Lightning-Universe / lightning-flash

Your PyTorch AI Factory - Flash enables you to easily configure and run complex AI recipes for over 15 tasks across 7 data domains
https://lightning-flash.readthedocs.io
Apache License 2.0
1.74k stars 212 forks source link

from_datamodules and dataset flexibility #135

Closed aribornstein closed 3 years ago

aribornstein commented 3 years ago

🚀 Feature

With the current datapipeline, If I want to customize my data is no easy way for me to provide my own data module and take advantage of flashs existing capabilities for validation splits and default transforms.

Motivation

While theoretically you can provide any loss function to a ImageClassificationModule in practice any non mutinomial loss such as binary cross entropy causes Flash to crash.

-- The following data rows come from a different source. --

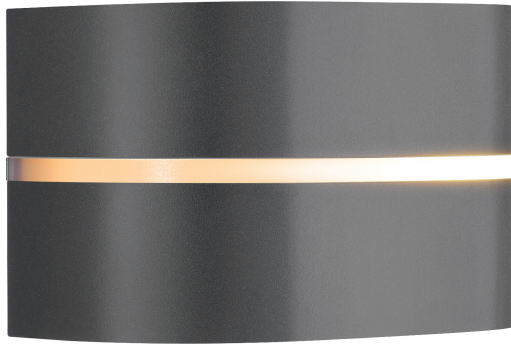

SIBELIS | WALL LIGHT | ANTHRACITE

2418311050

nordlux®

Voltage (V): 220-240 Volt
IP degree: IP44
Maximum bulb wattage (W): 10W
Class (Class 1, Class 2, Class 3):
Class 2 (Double isolated)
Socket type: E27
Parallel connection: True

Height (cm): 12
Width (cm): 19.5
Projection (cm): 11.5
EAN: 5704924017698
TUN: 2366815
Item Number: 2418311050

Pcs Per Master Carton: 3
Sales Box Height (cm): 23
Sales Box Width(cm): 20.5
Sales Box Depth (cm): 16.5
Sales Box Volume m³ : 0.0078
Product net weight (kg): 0.434

Primary material: Plastic
Secondary material: Aluminium
Colour: Anthracite

- Simple and timeless design
- Soft, pleasant light
- Parallel connection possible

Sibelis has a simple and timeless design with lightly curved shapes and clean lines. The white diffuser ensures soft, pleasant lighting for your outdoor spaces.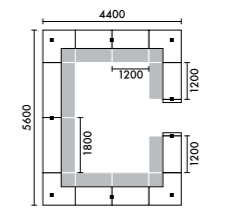

W4400xD5600	
C6A	¥3,743,200
C6B	¥4,209,200
C6C	¥4,398,400
C6D	¥4,864,400

ラグ **XY-BRG5971** W5900xD7100(4枚組) ¥1,089,140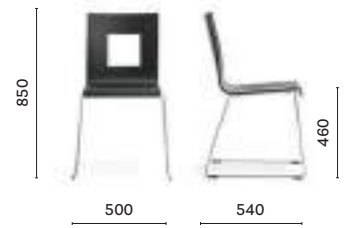

1308

Side chair, plywood shell,
steel rod sled frame

Ideally it should be easy to override this, but the way the flash create_from_folders abstracts hard codes dataset creation prevents me from being able to easily override the underlying filepath_dataset and folder_dataset classes meaning that if I want to do this myself I need to create my own datamodule.

If I create my own datamodule I lose all the flash features that I get using the from_folders and from_filepaths methods such as the ability to apply default transforms, split my train and validation data and any other future capabilities we may add leading to increased boilerplate .

Pitch

One way to make this better would be to have a from datamodule feature in the datapipeline though I think this only papers over the core issue. The core issue comes from hardcoding the underlying dataset class in these functions without providing any mechanism to override them.

I'm not sure the right way to make this change to flash without potentially breaking things or causing a conflict with the current flash refractor.

Alternatives

Additional context

edgarriba commented 3 years ago

related to #141